The reason lies in Web crawlers' very nature. They typically begin at a known page and follow links from it to others, downloading pages and indexing them as they go. That strategy means that if no reference to a document exists in the outside world, the Web crawler will never find it.
John, June and Jake may have wonderful Web pages linked only to one another, but though their friends may see the sites by typing addresses, no crawler will ever reach Jayville until another site cites it. To address that problem, search engines prominently offer a form for submitting new addresses, but site developers do not always send out birth announcements.
Other omissions can be rectified only with difficulty, if at all. Most search engines skip sites that demand a password for entrance, even those like the New York Times on the Web that offer passwords free of charge. Internal search tools are usually available, some better than others, but you cannot hunt for information until you get past the password. Some sites lack links to archival pages and make them accessible only through a local search engine. Web crawlers cannot see them.

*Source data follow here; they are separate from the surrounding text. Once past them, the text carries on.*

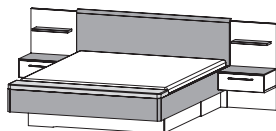

Farbausführungen: Front und Korpus in alpinweiß oder seidengrau, Bettrahmen, Kopfteil, Ablageböden und Oberboden der Nachttische und Kommoden sowie Außentüren der Schränke in Dekor-Druck Eiche Wotan.

TYPENÜBERSICHT

Alle Maße B/H/T Ca.-Maße. Schubkästen mit Unterflurschiene, Selbsteinzug und Dämpfung.

Komfortbett,
2 Nachttisch-Paneele mit Ablageböden,
2 Nachttische mit Schubkästen,
2 Sockelschubkästen, links/rechts
180 x 200 - 287/103/210 cm
200 x 200 - 307/103/210 cm

Komfortbett mit Bettbank,
2 Nachttisch-Paneele mit Ablageböden,
2 Nachttische mit Schubkästen,
2 Sockelschubkästen, links/rechts
180 x 200 - 287/103/238 cm
200 x 200 - 307/103/238 cm

Komfortbett,
2 Nachttisch-Paneele mit Ablageböden,
2 Nachttische mit Schubkästen
180 x 200 - 287/103/210 cm
200 x 200 - 307/103/210 cm
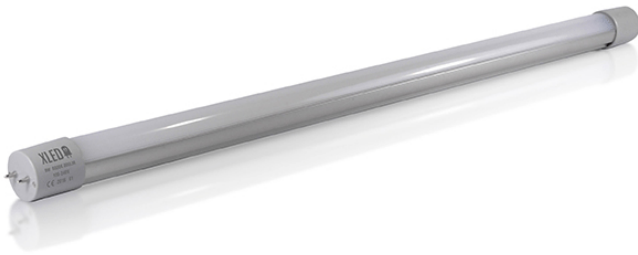

Firma: NT Company DOO  
Adresa: Bulevar Mihajla Pupina 121  
Telefon: .  
Fax:  
PIB: 100119229  
E-mail: webshop@nt.rs

XLED T8 tuba 18W Led cev  
1200mm/4000K/dummy  
start/1650Lm/nerotira,jednostr.

Šifra: 022924  
Kategorija proizvoda: T8 cevi  
Proizvođač: XLED

Cena: **379,00** rsd.

Brend	Xled
Model	T8 tuba 1200mm18W
Naziv	Led cev 1200mm nano, 18W, 1650Lm, 4000K, sa dummy starterom, nerotirajuca, jednostrana
Snaga	18W
Osvetljaj	1650Lm
Boja svetla	4000K - Neutral bela
Energetski razred	G
Potrošnja energije	18 kWh/1000h
Dužina cevi	1200 mm
Drajver	IC driver
CRI	> 70Ra
PF	> 0.5
Ugao osvetljaja	200°
Napon	AC 200-240V

Radni vek	30.000 sati
Materijal	Staklo + Plastika
Instalacija cevi	Jednostrani priključak
Ostalo	sa dummy starterom
Radna temperatura	- 25°C...+ 40°C
Uvoznik	NT Company D.O.O.
Zemlja porekla	Kina
Prava potrošača	Zagarantovana sva prava kupaca po osnovu zakona o zaštiti potrošača.
NAPOMENA	Neophodno je prilikom ugradnje LED cevi u postojeću instalaciju skinuti starter/e
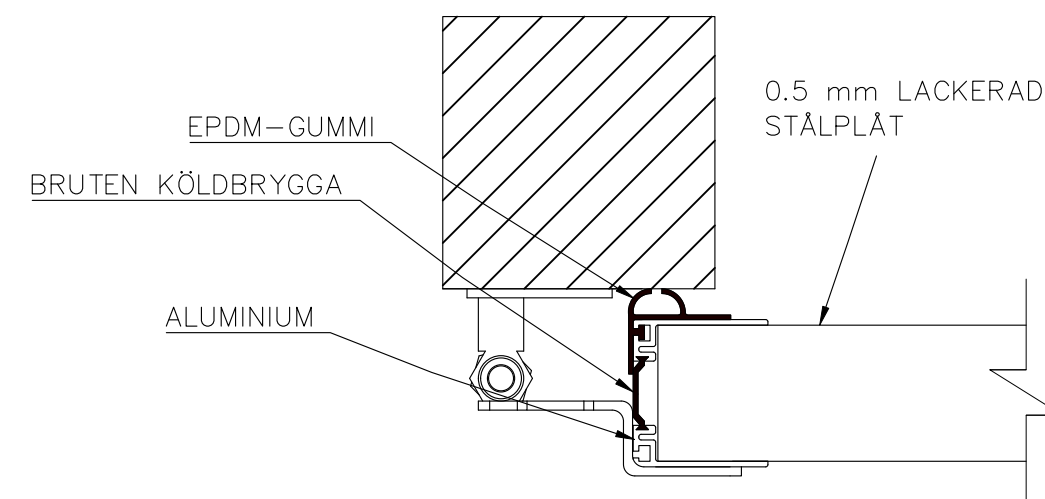

6-BLADIG VIKPORTSÖPPNING MED BÄRANDE SKENA

ÖPPNINGENS BREDD 6220MM–7500MM
DET ÄR VÄLDIGT VIKTIGT ATT
FÄSTYTAN ÄR HELT I LIV/JÄMN
RUNTOM HELA ÖPPNINGEN FÖR ATT
PORTEN SKALL KUNNA MONSTERAS
OCH TÄTA EMOT DEN.

ÖPPNINGENS MÅTT FÅR INTE AVVIKA
MER ÄN 10 MM.

PORT KAN MONTERAS PÅ:
STÅL / TRÄ / BETONG

TÄTNING MOT PORTOMFATTNING

Illustrationsbild	Datum: 4/2024	6-bladig
FIN DOOR OY		Lieksentie 11 91100 Ii Puh. 0400 384 939 findoor@findoor.fi www.findoor.fi
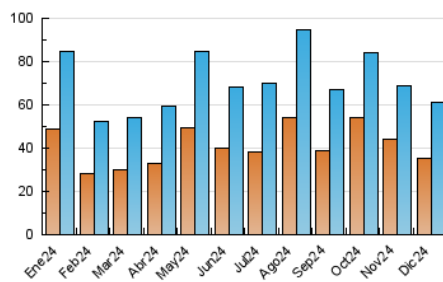

### 4.1 Per dia de la setmana (promig)

N. únics / Visites (x 100)

Pàgines (x 100)

### 4.2 Per franja horària (promig)

Visites\_ (x 1000)

Pàgines (x 1000)

### 4.3 Per mesos

N. únics / Visites (x 1000)

Pàgines (x 1000)
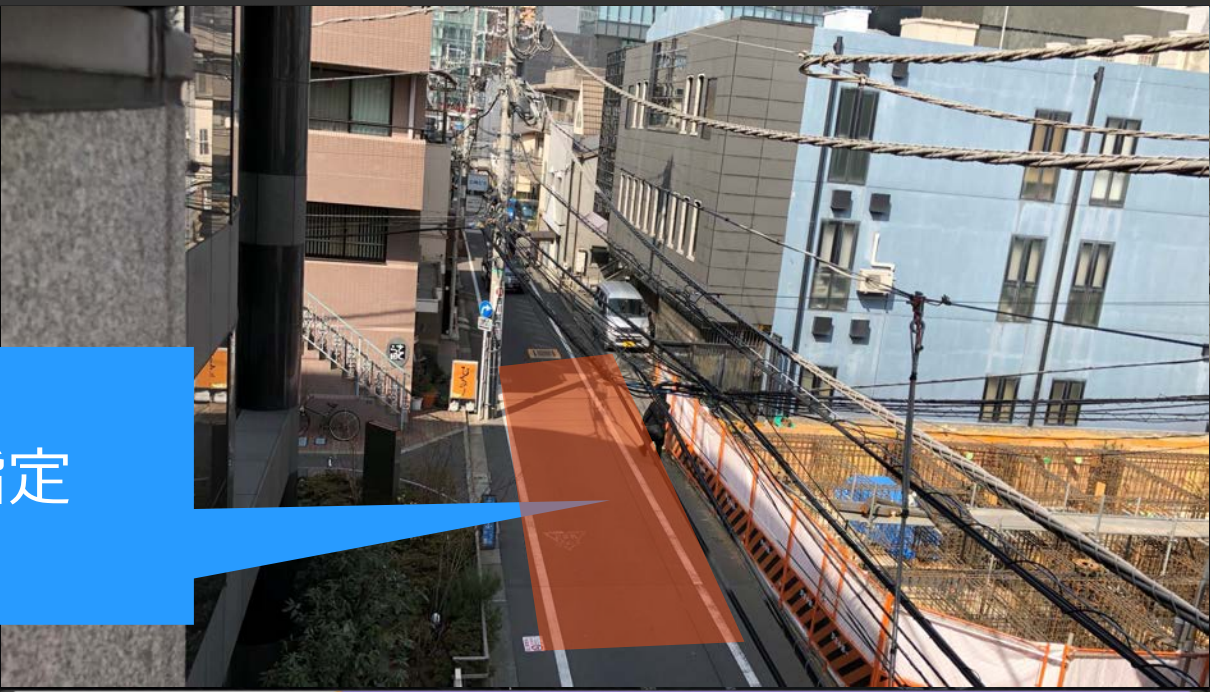

検索

- GIANT
  - Archiver
    - Analog PTZ test Q7401
    - DG-NW502S
    - STH900_192.168.111.2
    - WV-S1132
    - WV-SFN480
    - WV-SFV781L
    - WV-SFV781L
  - Archiver2
    - AXIS P3225-LV
    - Vivotek IP9171-HP
    - Media Router

侵入検出器

詳細設定モード: OFF

バスベクトル

エリア

バス

領域を指定

Units: メートル

一般

名称: 侵入検出

ストリーム: ライブ

最小警告遅延: 5

フィルター

- ☐ 雨フィルター
- ☐ ヘイズフィルター

より大きい

ID	アラーム	優先順位	アラーム色	ソース	トリガーイベント	トリガー-時間	状況	コンテキスト
4	車両侵入検知	1	緑	WV-SFV78...	フィールドでオブジェクトが検出されました	2018/01/12 10:25:43	✓承認(初期値)	
5	車両侵入検知	1	緑	WV-SFV78...	フィールドでオブジェクトが検出されました	2018/01/12 10:26:33	✓承認(初期値)	
6	車両侵入検知	1	緑	WV-SFV78...	フィールドでオブジェクトが検出されました	2018/01/12 10:27:01	✓承認(初期値)	
7	車両侵入検知	1	緑	WV-SFV78...	フィールドでオブジェクトが検出されました	2018/01/12 10:28:54	有効	

新規アラーム
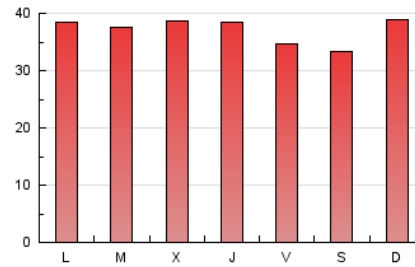

Galiciaé

1. Cifras totales y promedios (Nacional e Internacional)

MES - AÑO	NAVEGADORES UNICOS	VISITAS	PAGINAS
Septiembre - 2019	52.723	76.455	111.622
PROMEDIO DIARIO	2.285	2.549	3.721
PROMEDIO LUNES-VIERNES	2.270	2.540	3.756
PROMEDIO SABADO-DOMINGO	2.322	2.569	3.639
PAGINAS / VISITAS	1,46		
DURACION MEDIA VISITAS	0:02:35		
DURACION MEDIA PAGINAS	0:05:36		

2. Secciones (Nacional e Internacional)

	PAGINAS	%
HOME	6.428	5.76 %
RESTO	105.194	94.24 %

3. Por día del mes (Nacional e Internacional)

Día	N. únicos	Visitas	Páginas	Día	N. únicos	Visitas	Páginas	Día	N. únicos	Visitas	Páginas
1	3.562	3.901	5.189	11	2.265	2.513	3.710	21	1.474	1.706	2.765
2	2.570	2.839	4.018	12	2.210	2.482	3.633	22	1.555	1.809	2.617
3	2.526	2.778	3.741	13	2.425	2.635	3.693	23	1.847	2.102	3.393
4	3.017	3.337	4.378	14	2.930	3.217	4.572	24	1.665	1.919	3.426
5	3.659	3.971	5.262	15	3.031	3.271	4.482	25	1.982	2.285	3.658
6	2.997	3.296	4.756	16	2.851	3.110	4.406	26	1.781	2.026	3.342
7	2.507	2.758	3.824	17	2.191	2.473	3.979	27	1.449	1.660	2.459
8	3.095	3.348	4.639	18	2.110	2.465	3.702	28	1.309	1.475	2.129
9	2.697	2.959	4.326	19	1.809	2.076	3.118	29	1.436	1.639	2.534
10	2.378	2.660	3.844	20	1.608	1.872	2.953	30	1.625	1.873	3.074

4. Gráficas (Nacional e Internacional)

4.1 Por día de la semana (promedio)

N. únicos / Visitas (x 100)

Páginas (x 100)

4.2 Por franja horaria (promedio)

Visitas (x 1000)

Páginas (x 1000)

4.3 Por meses

Web sites can use something called the Robots Exclusion Protocol to tell Web crawlers what to skip. For example, pages that are updated frequently are poor candidates for inclusion in indexes; by the time the index is created, the content it points to has long since disappeared or moved. Unsophisticated Webmasters may not know about the protocol and let crawlers index pages changed daily, weekly or even monthly, thus guaranteeing frustration when users arrive at pages lacking what they expected to find.
If you believe that the Web is the repository of all human knowledge, an unusual new site called AT1 (www.at1.com) will demonstrate otherwise. It offers free searches into what it calls "the invisible Web," which typical Web crawlers do not reach. Much of this information is not on the Web at all, but tucked away on CD-ROMs or in proprietary databases that charge as much as $300 an hour, plus annual service fees, so venturing past the result screens can cost real money. But there is also free material from a variety of sources and an extensive index of material from America Online. The ability to search an index of indexes that Web crawlers miss is a concept that deserves to catch on.
Meanwhile, search services are adding useful options to the information they do find. Altavista is introducing Livetopics, an enhancement that analyzes the information from a particular search and generates categories and related words to help users home in on the data they seek. Though the pre-release version's interface displays rough edges, the idea seems attractive as a computer-generated supplement to the category lists compiled at sites like Yahoo.
And the recent arrival of Excite's Newstracker (at nt.excite.com) means you can search recent editions of 300 Web-based publications, including many online versions of newspapers and magazines. This crawler cleverly peeks into password-protected sites, but it is up to you to register and, if necessary, pay for access to those sites if you want the full text of articles the program finds. The time lag for indexing means up-to-the-minute news can be missing, and material disappears after about a week, but Newstracker looks like a useful tool. However, it could not find last week's edition of this column. Why not? Search me!
Pub Date: 2/17/97